When you need to create named expressions, it can be convenient to use kd.named_container(), which automatically names all expressions stored within it.

In eager mode, non-expression inputs are stored as-is.
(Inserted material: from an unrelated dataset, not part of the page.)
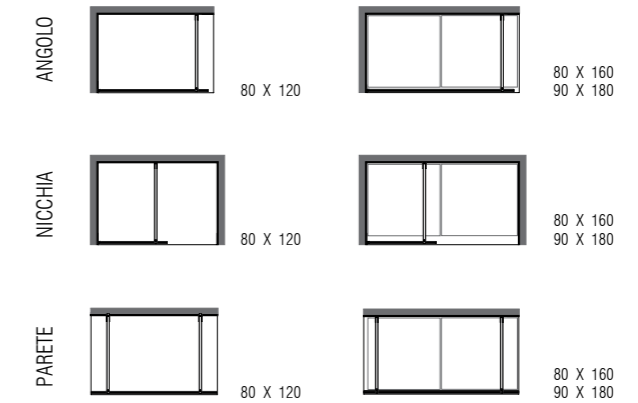

h. 200 cm vetro trasparente temperato extrachiaro 10 mm
tempered transparent extraclear glass / cristal transp. templado extraclaro

In tracing mode, however, they are automatically converted to named expressions.

>>> def ax_plus_b(x):
...   c = kd.named_container()
...   c.a = 2   # Converted to kd.expr.as_expr(2).with_name('a') during tracing
...   c.b = 1   #              kd.expr.as_expr(1).with_name('b')
...   return c.a * x + c.b
...
>>> # Eager usage (stores raw integers):
>>> ax_plus_b(5)
11

# Traced usage (converts integers to expressions):
>>> fn = kd.fn(ax_plus_b)
>>> fn.a
DataItem(2, schema: INT32, bag_id:...)
>>> fn(x=5)
DataItem(11, schema: INT32)

Interoperability (a.k.a. Koda I/O)

Koda can easily load data from and convert to Python objects, Pandas DataFrames, Numpy Arrays, protos, and json data. For details, refer to the Interoperability section of the Koda Cheatsheet.